Arizona Wildcats women's golf | |
---|---|
Founded | 1979 |
University | University of Arizona |
Conference | Big 12 |
Athletic director | Dave Heeke |
Head coach | Giovana Maymon (1st season) |
Location | Tucson, Arizona |
Course | Tucson Country Club Par: 72 Yards: 7,022 |
Nickname | Arizona |
Colors | Cardinal and Navy |
NCAA champions | |
1996, 2000, 2018 | |
NCAA individual champions | |
Susan Slaughter (1990) Annika Sörenstam (1991) Marisa Baena (1996) Jenna Daniels (2000) | |
NCAA runner-up | |
2002 | |
NCAA match play | |
2018 | |
NCAA Championship appearances | |
1982, 1983, 1987, 1988, 1989, 1990, 1991, 1992, 1993, 1995, 1996, 1997, 1998, 1999, 2000, 2001, 2002, 2003, 2004, 2006, 2007, 2008, 2009, 2010, 2011, 2013, 2014, 2015, 2016, 2018, 2019, 2021, 2023 | |
Conference champions | |
Pac-10/12 1992, 1997, 1998, 1999, 2000, 2001, 2002, 2010, 2015 | |
Individual conference champions | |
Pac-10/12 Annika Sorenstam (1992) Leta Lindley (1994) Marisa Baena (1996) Jenna Daniels (1998) Lorena Ochoa (2001) |
The Arizona Wildcats women's golf is considered one of the best in all of women's collegiate golf, dating back to their first season in 1979. Since they have won three national championships in 1996, 2000, and 2018. The Wildcat Women have also had four individual national champions with Susan Slaughter in (1990), Annika Sörenstam in (1991), Marisa Baena in (1996) and Jenna Daniels in (2000).
On August 4, 2023, Arizona announced it would join the Big 12 Conference along with Arizona State, Colorado, and Utah beginning in the 2024-25 academic year.[1]

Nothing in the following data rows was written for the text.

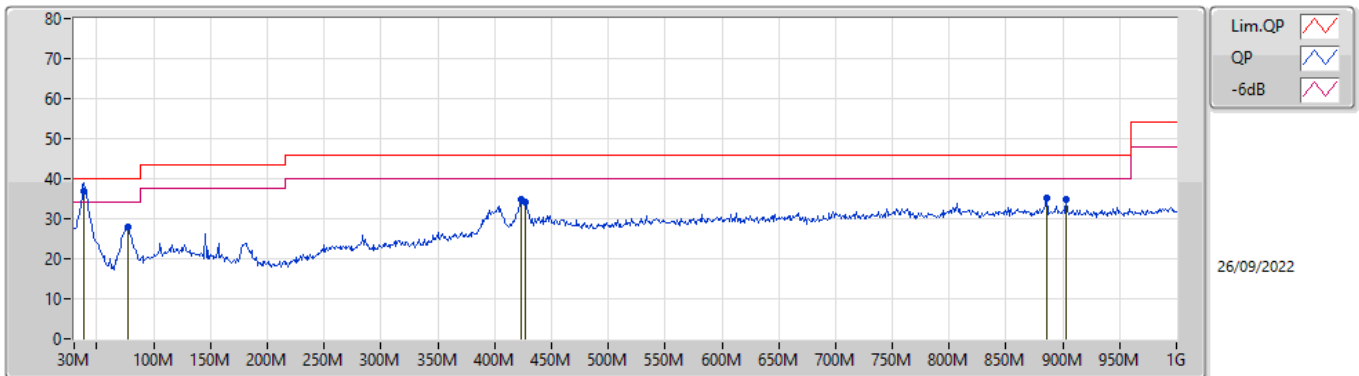

Mode 10

Type	Freq (Hz)	Level (dBuV/m)	Limit (dBuV/m)	Margin (dB)	Factor (dB/m)	Dist (m)	Condition	Azimuth (°)	Height (m)	Comment	Raw (dBuV/m)	AF (dB/m)	CL (dB)	PA (dB)
QP	38.73M	36.97	40.00	-3.03	-11.64	3	Vertical	179	1.00	"Worst"	48.61	18.93	1.60	32.17
PK	77.53M	28.10	40.00	-11.90	-17.80	3	Vertical	181	1.25	-	45.90	12.52	1.80	32.12
PK	423.82M	34.76	46.00	-11.24	-7.12	3	Vertical	190	1.00	-	41.88	22.47	2.90	32.49
PK	426.73M	33.99	46.00	-12.01	-7.10	3	Vertical	190	1.00	-	41.09	22.47	2.91	32.48
PK	885.54M	35.08	46.00	-10.92	-2.19	3	Vertical	86	3.00	-	37.27	27.08	3.81	33.08
PK	903M	34.87	46.00	-11.13	-2.10	3	Vertical	277	1.00	-	36.97	27.06	3.90	33.06

Members of the Wildcat women's program have gone on to success on the LPGA Tour, led by 8-time LPGA Player of the Year Annika Sörenstam and 4-time LPGA Player of the Year Lorena Ochoa. Sörenstam is regarded as one of the best female golfers in history.[2] Before stepping away from competitive golf at the end of the 2008 season, she had won 90 international tournaments as a professional, making her the female golfer with the most wins to her name. She has won 72 official LPGA Tour tournaments including ten majors and 18 other tournaments internationally, and she tops the LPGA's career money list with earnings of over $22 million—over $2 million ahead of her nearest rival while playing 187 fewer events.[3] The winner of a record eight Player of the Year awards, and six Vare Trophies given to the LPGA player with the lowest seasonal scoring average, she is the only female golfer to shoot a 59 in competition. She holds various all-time scoring records including the lowest season scoring average: 68.6969 in 2004. Representing Europe in the Solheim Cup on eight occasions between 1994 and 2007, Sörenstam was the event's all-time leading points earner until her record was surpassed by England's Laura Davies during the 2011 Solheim Cup. Sörenstam also was captain of the 2017 European Solheim Cup team. In 2003, Sörenstam played in the Bank of America Colonial tournament to become the first woman to play in a PGA Tour event since 1945.
Lorena Ochoa was the top-ranked female golfer in the world for 158 consecutive and total weeks (both are LPGA Tour records), from April 23, 2007, to her retirement on May 2, 2010, at the age of 28 years old. As the first Mexican golfer of either gender to be ranked number one in the world,[4] she is considered the best Mexican golfer and the best Latin American female golfer of all time.[5][6] Ochoa was inducted into the World Golf Hall of Fame in 2017.[7]